To improve computational efficiency, the MCMC proposals described above are used in combination with data augmentation. The data augmentation strategy developed here is different from the one most often used (such as described in Lartillot, 2006; Lartillot and Poujol, 2011; Mateiu and Rannala, 2006; Nielsen, 2002), in that it does not rely on a detailed substitution history along the branches of the tree. Instead, the augmentation at each site consists only of the ancestral nucleotide sequences at the interior nodes of the tree. Sampling ancestral sequences conditional on current parameter values can be done independently for each site, using a standard backward–forward algorithm (Nielsen, 2002). Then, for each branch and for the root, the following sufficient statistics are collected across sites: the number of sites going from nucleotide a at the beginning of branch j to nucleotide b at the end of the branch, (nabj)a,b=A,C,G,T, and the number of sites in each possible nucleotide state in the ancestral sequence at the root, (ma)a=A,C,G,T. Conditional on this data augmentation, when applying one of the Metropolis–Hastings proposals described above, only local probability factors, corresponding to those branches on which Brownian paths have changed, need to be recomputed. The probability factor contributed by branch j is given by (Rabj)nabj, which can be calculated in a time independent of the length of the genetic sequences. The main rate-limiting step of the overall procedure therefore lies either in the resampling of the Brownian path or in the recalculation of the R matrix, depending on the exact model settings. The ancestral sequences are refreshed regularly, conditional on the current parameter configuration. This update is the only one requiring dynamic programming methods classically used for likelihood computation (Felsenstein, 1981).

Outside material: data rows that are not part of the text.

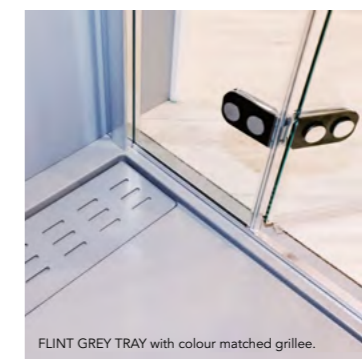

GEMSTONE TRAY COLOUR OPTIONS

Note: Gemstone tray colours are reproduced as accurately as the printing process will allow. There is no guarantee of exact colour match - this brochure is a visual aid only.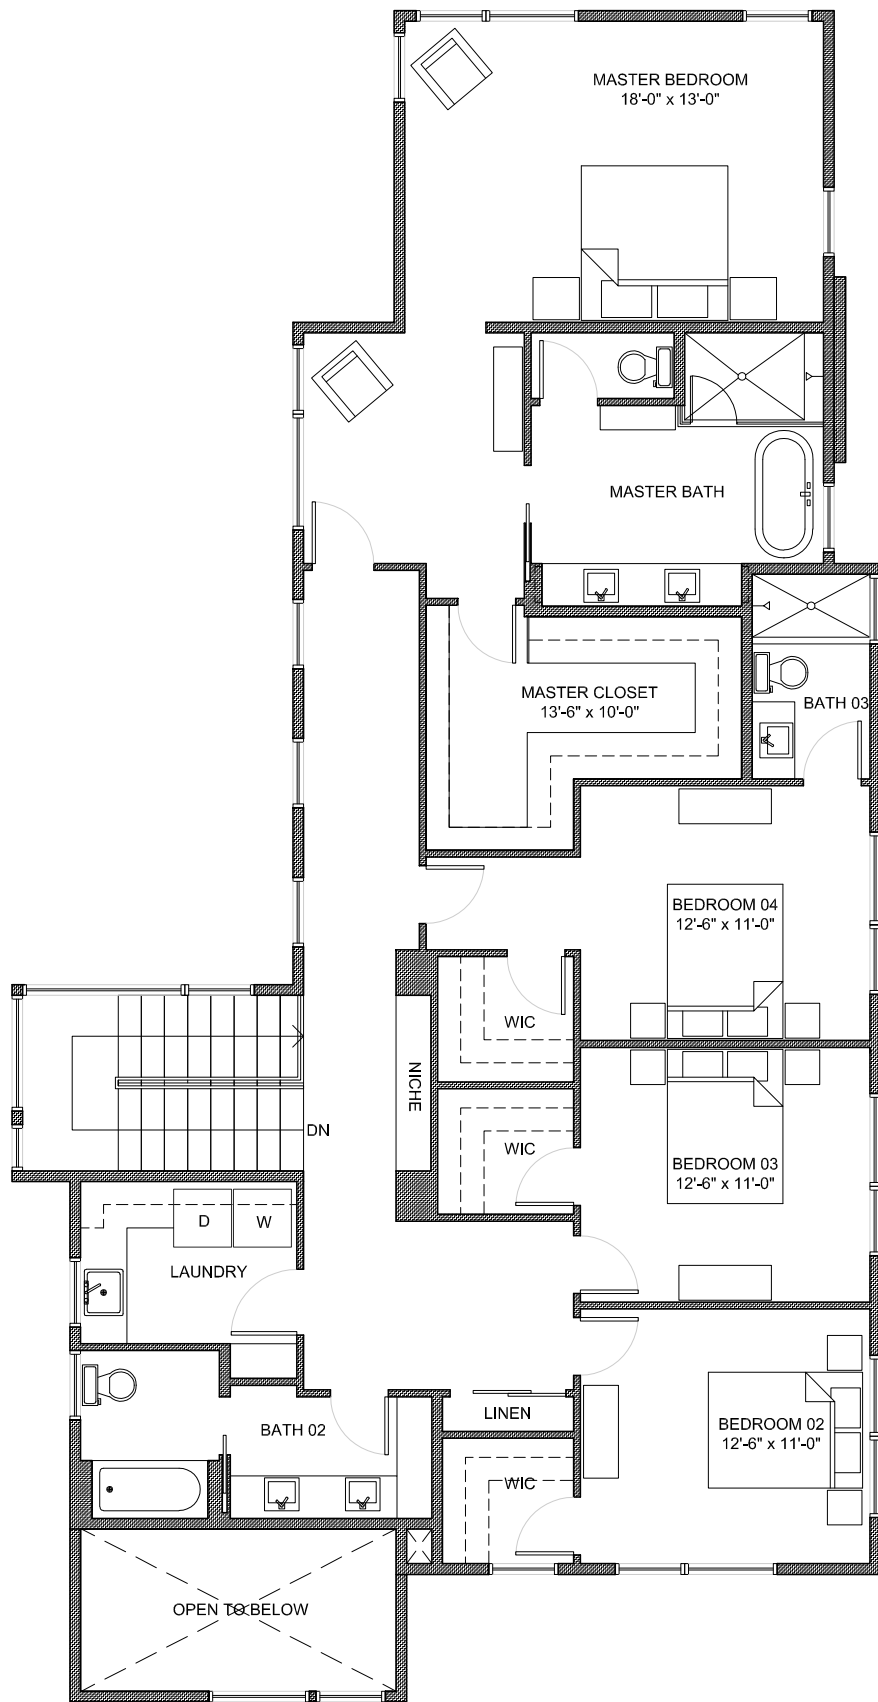

13032 NE 95TH STREET | MAIN FLOOR PLAN
 MEDICI ARCHITECTS

MAIN LIVING: 1,742 SF
 GROUND LIVING: 1,576 SF

GARAGE: 468 SF
 COVERED DECK: 361 SF

TOTAL LIVING: 3,318 SF

TOTAL BUILDING: 4,147 SF

13032 NE 95TH STREET | UPPER FLOOR PLAN
 MEDICI ARCHITECTS

MAIN LIVING:	1,742 SF	GARAGE:	468 SF
GROUND LIVING:	1,576 SF	COVERED DECK:	361 SF
<hr/>		<hr/>	
TOTAL LIVING:	3,318 SF	TOTAL BUILDING:	4,147 SF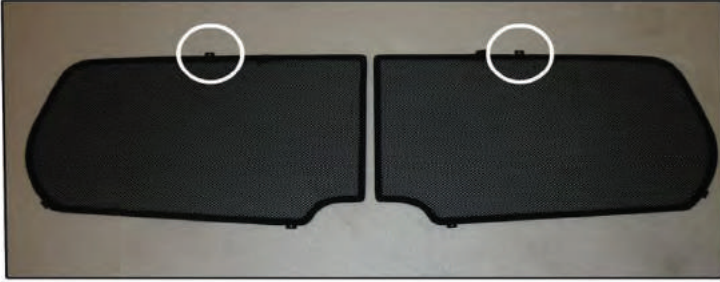

Installation

SMART FORTWO 3DR

SMA-FRTO-3-B

TAILGATE SHADE INSTALLATION

The overall MCMC schedule is organized in long cycles, each starting with a resampling of the ancestral sequences conditional on the current parameter values, followed by a complex series of calls (of the order of 10 000 in total) to each of the update mechanisms described above and to standard Metropolis–Hastings updates of the global parameters of the model (Lartillot and Poujol, 2011). A typical chain is run for 1100–5100 cycles, discarding the first 100 cycles (burn-in). Convergence was checked visually and then quantitatively assessed by estimating the discrepancy between independent runs and the effective sample size associated to key parameters of the model (in particular, the entries of the covariance matrix). Typical effective sample sizes are of the order of 300 independent points drawn from the posterior distribution for a nominal sample size of 1000.

2.6 Data and simulations

Empirical data were gathered from several previous studies: a placental nuclear dataset of 16 concatenated genes in 73 taxa (Lartillot and Delsuc, 2012), another placental nuclear dataset of 180 concatenated exons from 33 placental taxa (Lartillot, 2013b; Ranwez et al., 2007), a mitochondrial dataset obtained by concatenating the 13 mitochondrial protein-coding genes from 273 placental mammals (Nabholz et al., 2013), another similar concatenation restricted to 201 Cetartiodactylia (Figuet et al., 2014) and an alignment of ribosomal RNA sequences (only the stem regions) from 33 Archaea and an outgroup of 12 Eubacteria (Groussin and Gouy, 2011). In each case, the tree topology was obtained from the corresponding publication and was used in all subsequent analyses.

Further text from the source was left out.